### Aim of the exercise
From the data, return each line holding the word "Spacio".

(Items from a dataset)

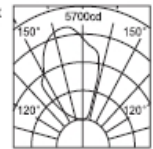

灯具尺寸图:

A: 对称出光尺寸图

B: 非对称出光尺寸图

配光曲线图:

30.0708.1S

H(m)	medlux	maxlux
2.00	2340	3000
5.00	360	480
10.00	90	120
15.00	40	53

30.0708.2S

H(m)	medlux	maxlux
2.00	4875	5625
5.00	725	900
10.00	182	225
15.00	67	88

30.0708.1M

H(m)	medlux	maxlux
2.00	1740	2250
5.00	278	360
10.00	70	90
15.00	31	40

30.0708.2M

H(m)	medlux	maxlux
2.00	2150	2850
5.00	344	413
10.00	86	103
15.00	38	46

30.0708.1F

H(m)	medlux	maxlux
2.00	900	1650
5.00	188	240
10.00	52	50
15.00	22	32

30.0708.2F

H(m)	medlux	maxlux
2.00	2150	2850
5.00	344	413
10.00	86	103
15.00	38	46

30.0708.1D

H(m)	medlux	maxlux
2.00	780	900
5.00	125	140
10.00	31	36
15.00	14	16

30.0708.2D

H(m)	medlux	maxlux
2.00	1150	1400
5.00	184	224
10.00	46	56
15.00	21	25

灯具技术规格书

www.webbdecolighting.com

产品型号说明:

30	0708	*	*
灯具种类	模具型号	光源代码	光束角
30: 投光灯		1: HIT 35W-G12/G8.5 2: HIT 70W-G12/G8.5	S: 窄角5-10° M: 中角15-25° F: 宽角30-50° D: 偏配光

灯具参数:

产品型号	光源	色温	灯头	光束角	光通量	灯具重量	包装毛重	图号
30.0708.1S	HIT 35W	3000K/4200K	G12	5°	3300lm	9.5kg		A
30.0708.2S	HIT 70W	3000K/4200K	G12	5°	6600lm	9.9kg		A
30.0708.1M	HIT 35W	3000K/4200K	G12	15°	3300lm	9.5kg		A
30.0708.2M	HIT 70W	3000K/4200K	G12	15°	6600lm	9.9kg		A
30.0708.1F	HIT 35W	3000K/4200K	G12	30°	3300lm	9.5kg		A
30.0708.2F	HIT 70W	3000K/4200K	G12	30°	6600lm	9.9kg		A
30.0708.1D	HIT 35W	3000K/4200K	G8.5	非对称	3300lm	9.5kg		B
30.0708.2D	HIT 70W	3000K/4200K	G8.5	非对称	6600lm	9.9kg		B
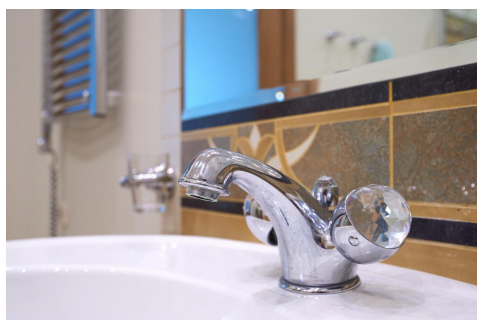

Апартаменты класса LUX в Юрмале

ГОРОД:
Юрмала

РАЙОН:
Булдури

ЭТАЖ:
3 / 3, лифт

СПАЛЕН:
3

ПЛОЩАДЬ:
207 m²

ПРОЕКТ:
Несерийный

СОСТОЯНИЕ:
С отделкой
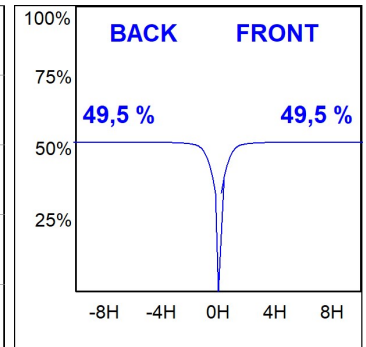

Acabado: Antracita texturizado

Peso: 12.204 g

Superficie máx.expuesta al viento: 0 M2

Instalación: Superficie

CARACTERÍSTICAS TÉCNICAS:

Flujo de salida:	7.257 lm	K:	3000
Plum:	59,5W	IRC:	80
Eficacia:	122 lm/w	MacAdam:	4
Fuente de Luz:	HIGH POWER	Alimentación:	220-240V 50/60Hz
Horas de vida led:	100.000 L90 B10 (Ta=25°C)	Equipo:	Electrónico
Pled:	53,5W		

Tolerancia del flujo de salida +/- 10%

Opciones Personalizables:

DATOS FOTOMÉTRICOS :

SH33810SP830NA
 $\eta = 99\%$
 $I_{max} = 10819 \text{ cd/klm}$
UTE: 0,99A
CIE: 87 100 100 100 99

ACCESORIOS :

Soporte

Cód. producto:
COARDB120A
COARIN120A
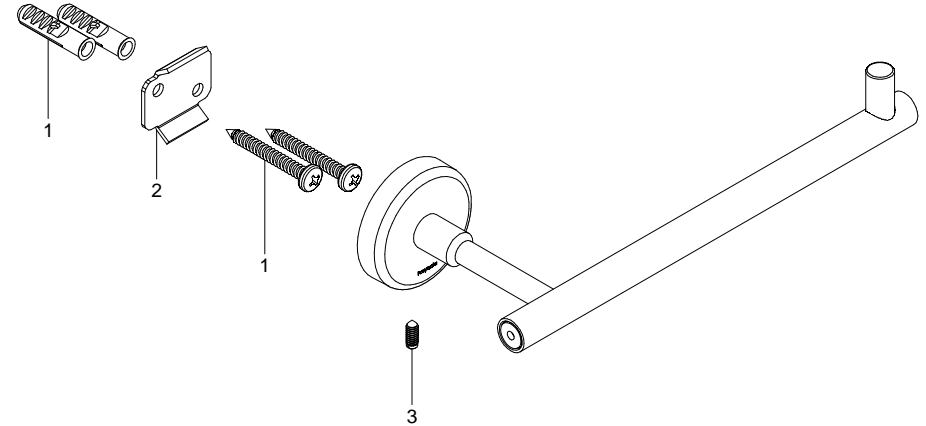

Portapapel Spacio / Spacio Toilet Paper

SP-04
NA

Medidas Referenciales / Estimated Dimensions, Acot.mm.(pulg) / Dim.mm.(in)

Características y Datos Técnicos / Characteristics and Technical Details

Accesorio de Empotrar
Paquete de Sujeción Incluido

Embed Accessory
Setting Kit Included

Material:
Latón

Material:
Brass

Despiece / Components

Mod.	Descripción	Mod.	Description
1	Ps3-259 Jgo. Taq. Plástico c/Pija 10-16	1	Ps3-259 Plastic Shield Set with 10-16 Screw
2	Pr3-854 Ancla Accesorios Spacio	2	Pr3-854 Spacio Accessories Anchor
3	Pr3-021 Opresor No. 8	3	Pr3-021 No. 8 Opressor
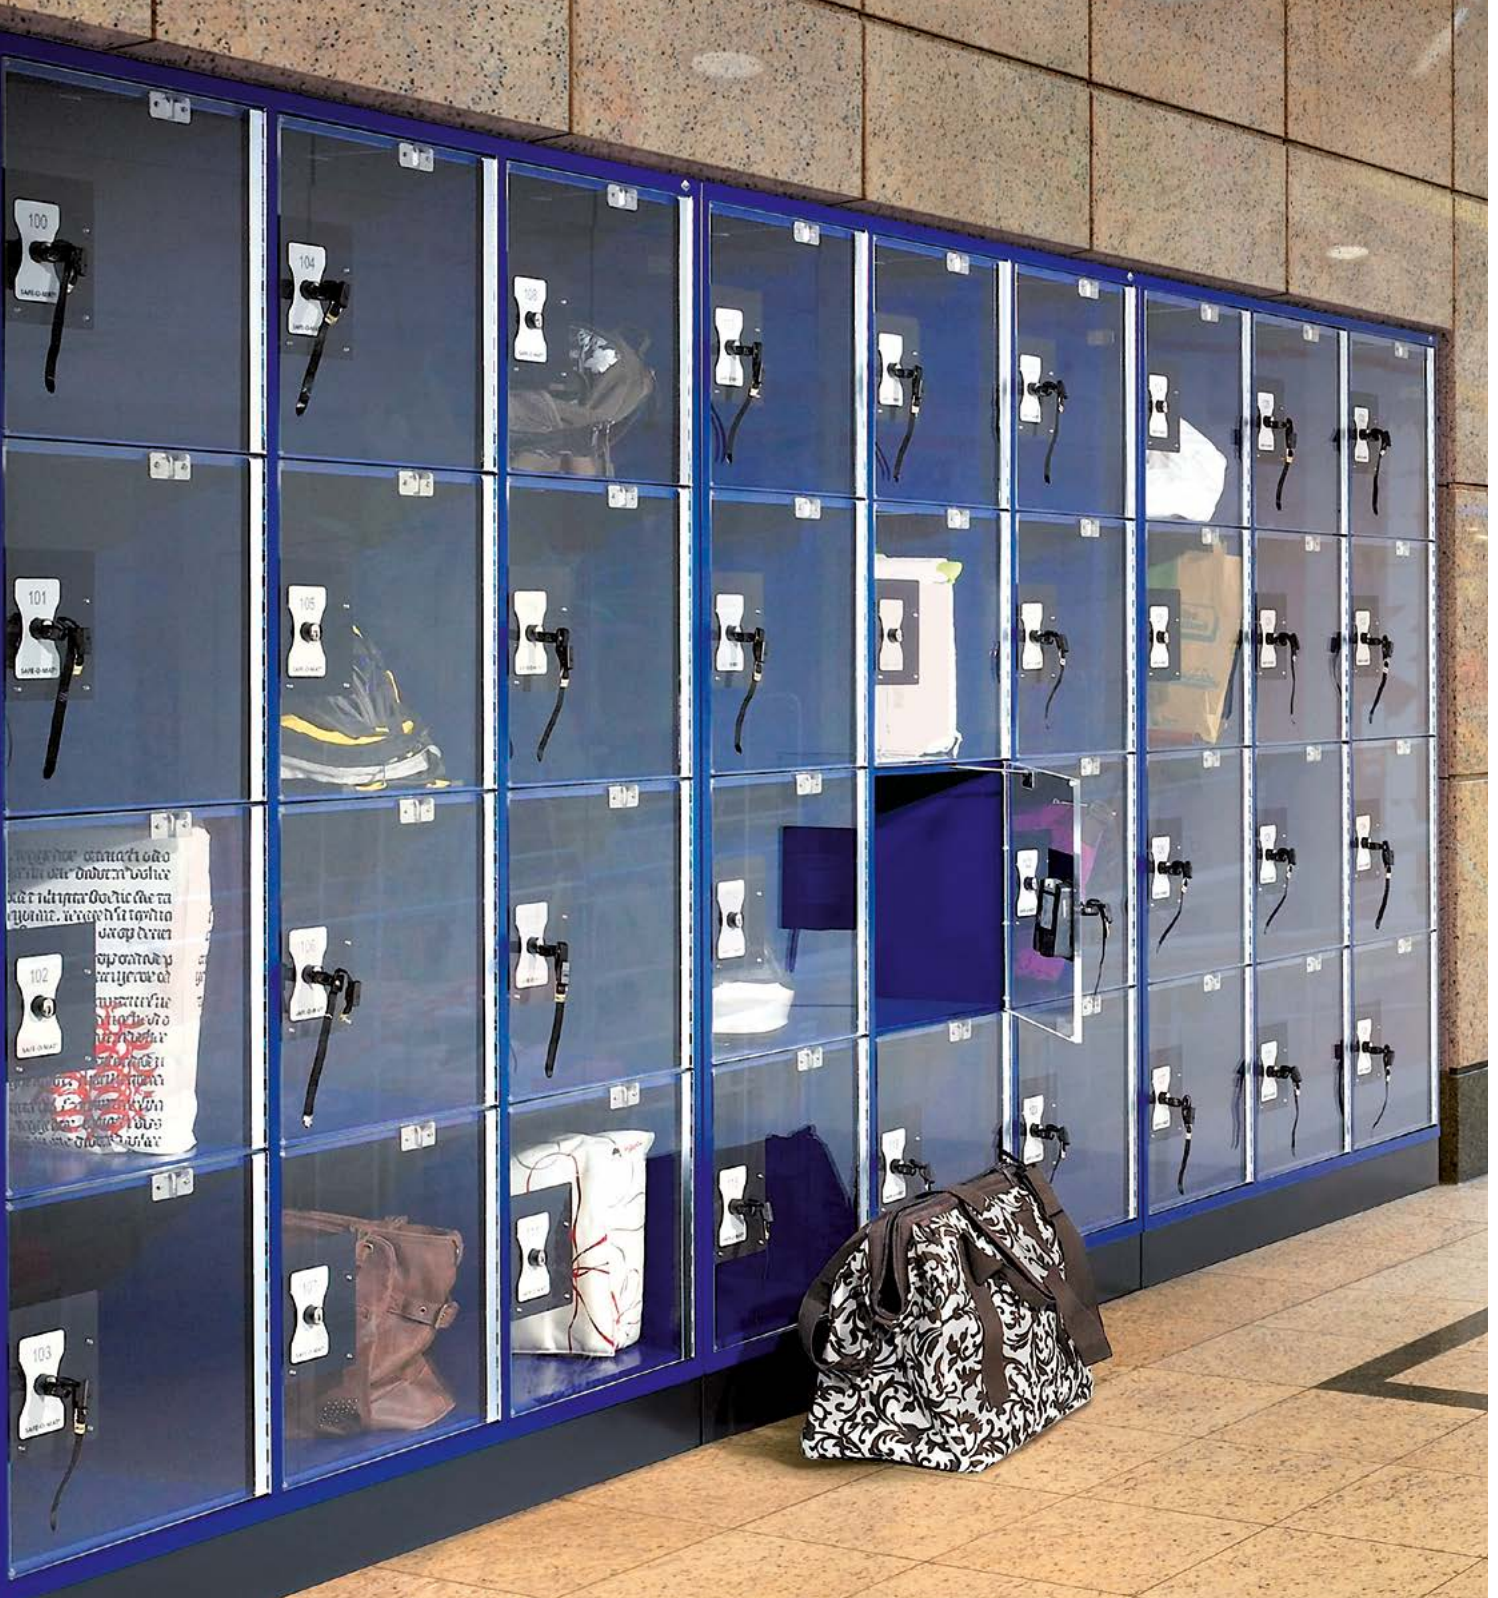

Onderneming

Kleurconcept

Kleedruimtes en garderobes

Werkplaats en bedrijfsleven

Kantoor en archief

+ Toebehoren

Extra uitrustingen, sloten → p. 201

Dit biedt de serie Intro:

### Your response
Portapapel Spacio / Spacio Toilet Paper
2	Pr3-854 Ancla Accesorios Spacio	2	Pr3-854 Spacio Accessories Anchor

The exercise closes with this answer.